Exercise instructions » Look for the string "included" in the material below. Copy every line where you find it.
·····
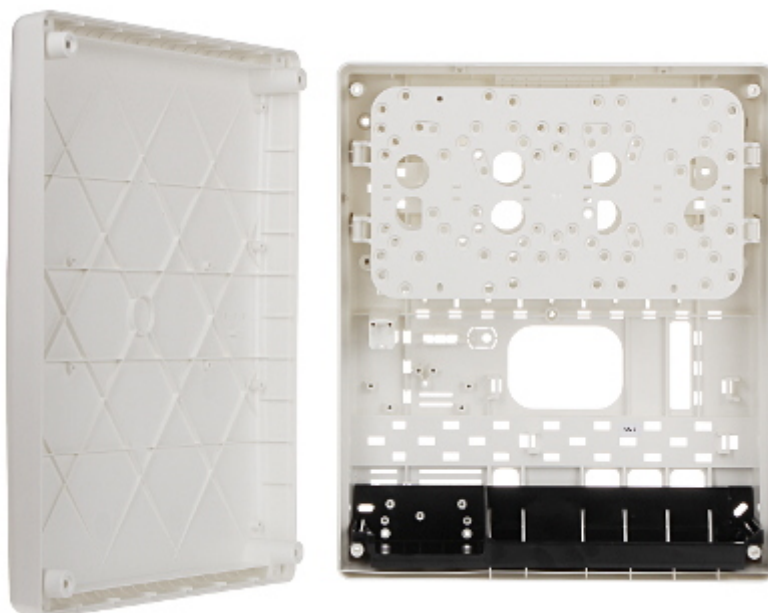

Code: OPU-3-P

## ALARM CONTROL PANEL ENCLOSURE **OPU-3-P** SATEL

Net: **33.99 USD** Gross: **41.81 USD**

### SPECIFICATION

Transformer:	40 or 60 VA (not included)
Power supply:	—
Place for battery:	18 Ah / 12 V
Tamper protection:	Tamper detection - opening the enclosure, removing from mounting surface
Current-carrying capacity of TAMPER output:	—
"Index of Protection":	IP20
Operation temp:	-10 °C ... 40 °C
Application:	INTEGRA, CA-6-P, CA-10-P, GSM module
Power adapter included:	—
Dimensions:	324 x 382 x 108 mm
Weight:	1.85 kg
Manufacturer / Brand:	SATEL
Guarantee:	2 years

Front view:

Internal view of the housing:

Mounting side view:

In the kit:
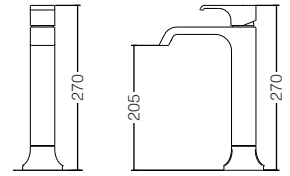

reddot award 2019
winner
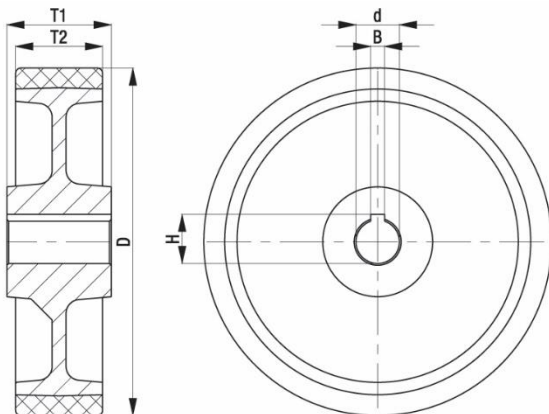

*"Experts in Specialist
Wheels & Tyres"*

PRODUCT INFORMATION

Polyurethane Wheel

Material: Brown polyurethane tread on cast iron centre, with keyway

Part number:	459735
Wheel diameter (D):	140mm
Tread width (T2):	50mm
Tread hardness:	92° Shore A
Wheel bearing:	Plain bearing
Wheel bore (d):	25mm H7
Hub groove length (B):	8mm JS9
Hub groove height (H):	28,3mm
Hub length (T1):	60mm
Load capacity 3km/h:	600kg
Rolling resistance:	Very good
Operating noise:	Good
Floor preservation:	Good
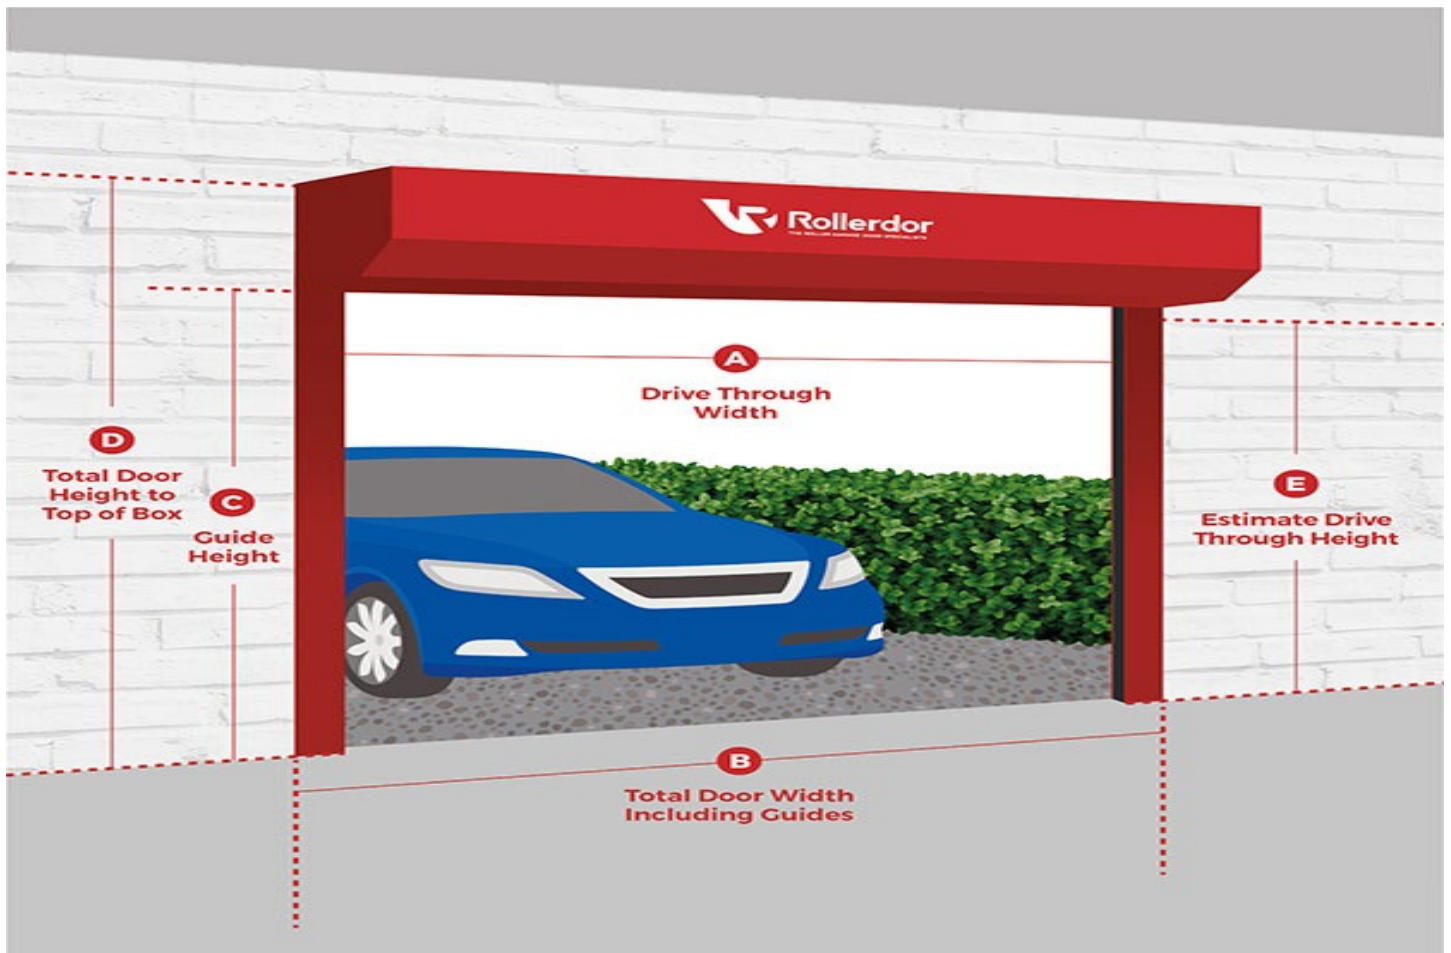

Hi Iain Hair,

Customer Ref:Stock

Thank you for purchasing your garage door from Tradedor, we've included the details of your order below.

If there is an issue with this order please call us on 01603 743215 or reply back to this email, with all correspondence please remember to include the following reference number 7594 and we will be happy to help.

Customer REF: Stock

Order details:

Name	Quantity	Price
Tradedor Components	1	290.45
1 X RD50NM Standard 50Nm Motor 1 X 60 Octagonal Adapters for RD50Nm Standard Motor 3 X RD200PT Optics for Safety Edge 1 X RD20X2ANSA_ST ANSA Single Door Full Kit Standard Height 1930mm plus Doors up to 3500mm wide		

Subtotal	£ 290.45
VAT	£ 58.09
Total	£ 348.54

Please be aware all finished door sizes work to a tolerance of up to +/- 6mm please take this into consideration when checking your dimensions
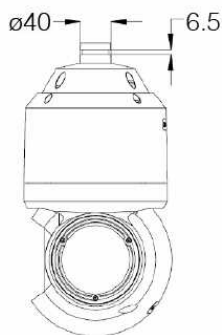

Dimensions

Units: mm

Specifications

MS7425-F120-N	
Camera	
Image Sensor	1/2.8" progressive scan CMOS
Pixels	2.0 Megapixel
Min. Illumination	Color: 0.003lux @ (F1.6, AGC ON) B/W: 0.0003lux @ (F1.6, AGC ON); 0lux with IR
Shutter Speed	1 ~ 1/30,000s
Day / Night	Auto (ICR) / Color / B/W
Wide Dynamic Range	Ultra WDR, >=120dB
S/N Ratio	>=58dB
White Balance	Auto / Manual
Gain Control	Auto / Manual
Backlight Compensation	Off / WDR / BLC / HLC
Lens	
Focal Length	4.7 ~ 94mm, 20x optical
Zoom Speed	Approx 3s (Optical)
Angle of View	61° ~ 3.64° (Wide~Tele)
Min. Object Distance	300 ~ 1500mm (Wide~Tele)
Max. Aperture Ratio	F1.5 (Wide) / F3.6 (Tele)
Focus Control	Auto / Manual / Semi-Automatic
Infrared	
IR LED	6pcs IR LED Array
IR Distance	120 ~ 180m
IR Intensity	Automatically adjust according to zoom ratio
Pan and Tilt	
Pan / Tilt Range	360° Endless / -15° ~ 90° (Auto Flip)
Pan / Tilt Speed	Pan manual speed: 0.1° ~ 200°/s; Pan preset speed: 220°/s Tilt manual speed: 0.1° ~ 150°/s; Tilt preset speed: 200°/s
Proportional Zoom	Pan / Tilt speed can be adjusted automatically according to zoom multiples
Preset	256
Patrol	8 Patrols scheme, up to 32 presets per patrol
Pattern Scan	4 Scan paths, each path can record 10 minutes of operation path
Power-off Memory	Power-off memory / Power-on recovery
Auto Guard	Path / Preset / Mixed / Pan scan / Tilt scan / Frame scan / Random scan / Panorama scan
PT Limit	Manual / Scan / Pan
3D Positioning	PTZ control with mouse click and drag
Electronic compass	Built-in O-sensor
Video	
Compression	H.265 / H.264 / MJPEG
Image Resolution	Main stream: 1080p Secondary stream: D1
Frame Rate	Main stream: 1080p@30fps Secondary stream: D1@30fps
Bitrate	32kbps ~ 16Mbps
Bitrate Control	VBR / CBR
Multi-stream	Supported
Caption	Date and time / Alarm / Direction / Customized
Privacy Masking	Up to 4 zones
Motion Detection	Up to 4 zones
Video Freeze	Supported
ROI	Supported
Digital Noise Reduction	3D noise reduction
Digital Defog	Supported
Image Flip	Flip / Mirror
Audio	
Compression	G.711a / G.711u / ADPCM / G.722 / AAC-LC / G.722.1c / G.726
Bitrate	32kbps ~ 64kbps
Audio Function	Bi-directional audio / AEC / Mixed audio recording / Dumb / Mute
Network	
Network Protocols	TCP/IP, UDP, HTTP, DHCP, DNS/DDNS, RTP/RTCP, RTSP, PPPoE, FTP, VSIP, UPnP, 802.1x, NAT, QoS, SMTP, IPv4, IPv6 (optional)
User Interface	IPC Control (IE, Firefox, Chrome)
Max. User Access	Max. 10 Users (includes 2 internal)
Application Programming	ONVIF (Profile S, Profile G), GB/T 28181-2011, API, CGI
Automatic Network Replenishment (ANR)	Supported
Alarm	
Alarm Triggers	Alarm input / Network disconnect / Disk full / Disk error
Intelligent	Motion detection / Tampering / Guard line / Enter guard area / Exit guard area
Alarm Events	Alarm report / Recording / Text overlay / Snapshot / External output / Email notice / Acoustic alarm
Interfaces	
Ethernet	10/100M, RJ45 interface
Audio In / Out	1 x Line in / 1 x Line out
Alarm In / Out	2 x Input / 1 x Output
Memory Slot	SD card slot, supports up to 128GB
Environmental	
Operating Temperature	-40°C ~ 70°C / -40°F ~ 158°F
Operating Humidity	10% ~ 95%
Protection Level	IP66, TVS 6000V lightning protection, surge protection and voltage transient protection
Electrical	
Power	24V AC / 3A (Power adapter included)
Power Consumption	Max. 45W (IR on)
Mechanical	
Weight	8 kg / 17.6lb (Gross Weight)
Dimensions	Ø214x 379mm / Ø8.43" x 14.92"
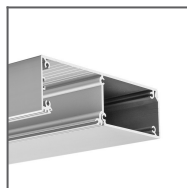

**PRODUCT DESCRIPTION**

- Cover dedicated to the OBIT, KIDES, DES, GLADES extrusions
- Good light diffusion

Fill empty fields

Product nr.

Fixture type

Company

Job name

Date

**TECHNICAL SPECIFICATION**

Material	PC
Available length	1000 mm, 2000 mm, 3000 mm
UV resistance	yes

**TECHNICAL DRAWING**

RELATED PROFILES

DES Profile  
Ref: 18030

GLADES Profile  
Ref: 18036

KIDES Profile  
Ref: 18031
·····
Response to the task »
Transformer:	40 or 60 VA (not included)
Power adapter included:	—
Thank you for purchasing your garage door from Tradedor, we've included the details of your order below.
Power	24V AC / 3A (Power adapter included)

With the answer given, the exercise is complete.